┏━━

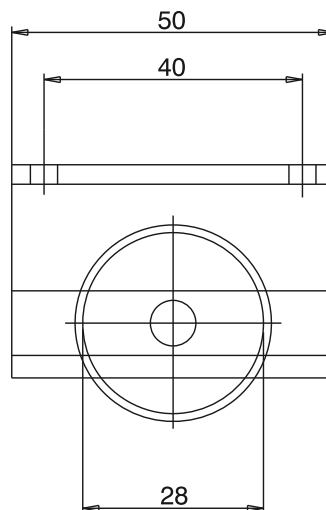

**CARRELLO FISSO 1 RUOTA**
**03121**
**Funzioni**

Carrello in alluminio estruso con una ruota per finestre o porte scorrevoli in alluminio.

**Caratteristiche tecniche**

La ruota è montata su cuscinetto a sfera.

Ha la prerogativa di poter essere ispezionato senza dover disassemblare l'anta, rimuovendo le viti di fissaggio.

**Dotazioni**

2 Viti autofilettanti 3,9x9,5 taglio croce

**Materiali**

Supporto in alluminio estruso.

Ruota in policarbonato rinforzato.

Viti in acciaio zincato

**Portate**

Kg. 120 con 2 carrelli.

Codice	Descrizione	Nota	Base Grezzo	Anodizza- to/Elox	Verniciato	Trend/Oro/ Ottone	Finiture speciali	Commes- sa	Pz/Conf
03121	CARRELLO FISSO 1 RUOTA	set da 4 pz.	X						50
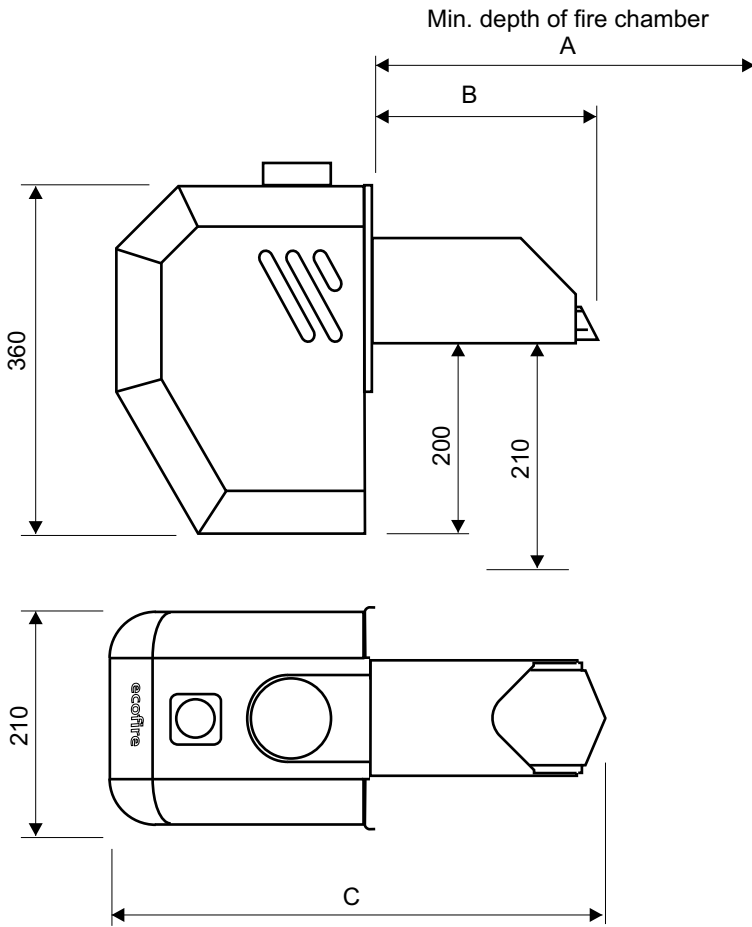

- Hergestellt aus gewöhnlichem Stahl.
- Verbrennungsrost aus Edelstahl MA 253.
- Montiert mit Glasumhüllung.
- Schneckenzufuhr.
- Verstellbarer Fallschacht.
- Loser Bodenrost.
- Modul aufgebaut mit luftgekühltem Lichtsensor.
- 100-stufig modulierend.
- Optionale Leistungen
- Elektrozündung.
- Pausenfeuerung.
- Das breiteste Leistungsspektrum auf dem Markt.
- Typengenehmigung für 28 Ländern (DS EN303-5)
- Passt im Allgemeinen auf alle Kessel.
- Wirkungsgrad < 90 %
- Möglichkeit für ein Interface.
- Anschluss 230 V 50 Hz 10 A 40 W

Technical data:

Output	16 kW	24 kW	32 kW	40 kW	60 kW
Efficiency			94 %		
Weight	14 kg	14,5 kg	18,5 kg	19 kg	22 kg
Auger (feeder)			1,6 m		
Auger - option			2,0, 2,5, 3,0 m		
Fuel			pelety 6 lub 8 mm		
Connection			230 VAC		
	~35 W	~40 W	~40 W	~45 W	~45 W
			IP 40		

ECOVARM

ECOFIRE E1

Wymiar	16kW	24kW	32kW	40kW	60kW
A	380	450	480	480	520
B	230	270	270	270	320
C	500	540	540	540	590

Mounting hole dimentions

Spiral auger- standard

┗━━

-- WHAT YOU ARE ASKED TO DO --
Each line from the one that holds "- Verstellbarer Fallschacht." to the end of the records above should be transcribed exactly, both ends included.

-- SOLUTION --
- Verstellbarer Fallschacht.
- Loser Bodenrost.
- Modul aufgebaut mit luftgekühltem Lichtsensor.
- 100-stufig modulierend.
- Optionale Leistungen
- Elektrozündung.
- Pausenfeuerung.
- Das breiteste Leistungsspektrum auf dem Markt.
- Typengenehmigung für 28 Ländern (DS EN303-5)
- Passt im Allgemeinen auf alle Kessel.
- Wirkungsgrad < 90 %
- Möglichkeit für ein Interface.
- Anschluss 230 V 50 Hz 10 A 40 W

Technical data:

Output	16 kW	24 kW	32 kW	40 kW	60 kW
Efficiency			94 %		
Weight	14 kg	14,5 kg	18,5 kg	19 kg	22 kg
Auger (feeder)			1,6 m		
Auger - option			2,0, 2,5, 3,0 m		
Fuel			pelety 6 lub 8 mm		
Connection			230 VAC		
	~35 W	~40 W	~40 W	~45 W	~45 W
			IP 40		

ECOVARM

ECOFIRE E1

Wymiar	16kW	24kW	32kW	40kW	60kW
A	380	450	480	480	520
B	230	270	270	270	320
C	500	540	540	540	590

Mounting hole dimentions

Spiral auger- standard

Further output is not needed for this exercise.